On a claim of ineffective assistance of counsel, "we accept the trial court's factual findings and credibility determinations unless clearly erroneous, but we independently apply the legal principles to the facts." (Footnote omitted.) Suggs v. State, 272 Ga. 85, 87 (4) ( 526 SE2d 347) (2000). "In order to succeed on a claim of ineffective assistance of counsel, appellant must show that counsel's performance was deficient and that, but for the deficient performance, there is a reasonable probability the outcome of the trial would have been different." (Citations omitted.) Martin v. State, 281 Ga. 778, 780 (3) ( 642 SE2d 837) (2007).
(a) Cruelty to children in the third degree.
[A] person commits the offense of cruelty to children in the third degree when: (1) Such person, who is the primary aggressor, intentionally allows a child under the age of 18 to witness the commission of a forcible felony [or] battery . . . or (2) Such person, who is the primary aggressor, having knowledge that a child under the age of 18 is present and sees or hears the act, commits a forcible felony . . . or battery.
OCGA § 16-5-70 (d). Here, the evidence did not support a charge on cruelty to children in the third degree because the evidence showed that C. W. was the victim of Parks' act of "chasing [C. W] with a metal rod[, and] threatening to hit the child with said rod," as alleged in the indictment, rather than a mere witness. Thus, trial counsel's withdrawal of the lesser included offense of cruelty to children in the third degree was not deficient. Martin, supra, 281 Ga. at 780 (3).
(b) Hood's prior conviction of misdemeanor theft by taking. Parks contends that his trial counsel was ineffective in failing to discover and impeach Hood with her prior conviction for misdemeanor theft by taking. We are not persuaded.
During the motion for new trial hearing, Parks introduced into evidence a certified copy of Hood's conviction for misdemeanor theft by taking and submitted the affidavit of his trial counsel, who stated that his failure to find, obtain certified copies of, or utilize Hood's prior convictions was not strategic. Despite this evidence, Parks failed to show that Hood's conviction for theft by taking involved fraud or deceit and that such conviction would have been admitted for impeachment purposes.
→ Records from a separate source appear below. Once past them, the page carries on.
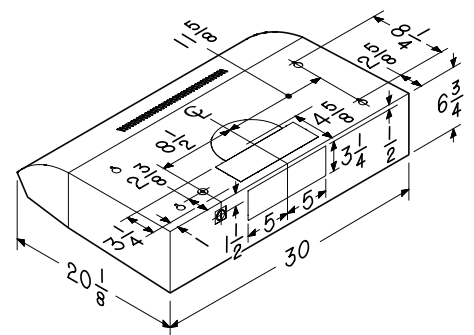

86202B 13/04
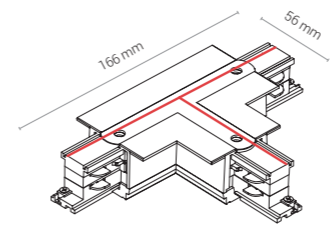

# POLARITY IN COMMERCIAL TRACK LIGHTS SYSTEM (CTLS) RECESSED

CTLS RECESSED POWER T CONNECTOR, LEFT 2 (T-L2)

PC, miedź / PC, copper / PC, медь  
8238 ○ WH 8240 ● BL

CTLS RECESSED POWER T CONNECTOR, LEFT 1 (T-L1)

See McClain v. State, 301 Ga. App. 844, 848-849 (2) ( 689 SE2d 126) (2010) (although defendant introduced certified copies of a witness' conviction for misdemeanor theft at motion for new trial hearing, he made no effort to show that such crime involved fraud or deceit; thus, defendant failed to show that his trial counsel was deficient for not offering the conviction as impeachment evidence at trial). As such, Parks has failed to show that his trial counsel performed deficiently. Martin, supra, 281 Ga. at 780 (3).
Judgment affirmed. Phipps, P.J., and Johnson, J., concur.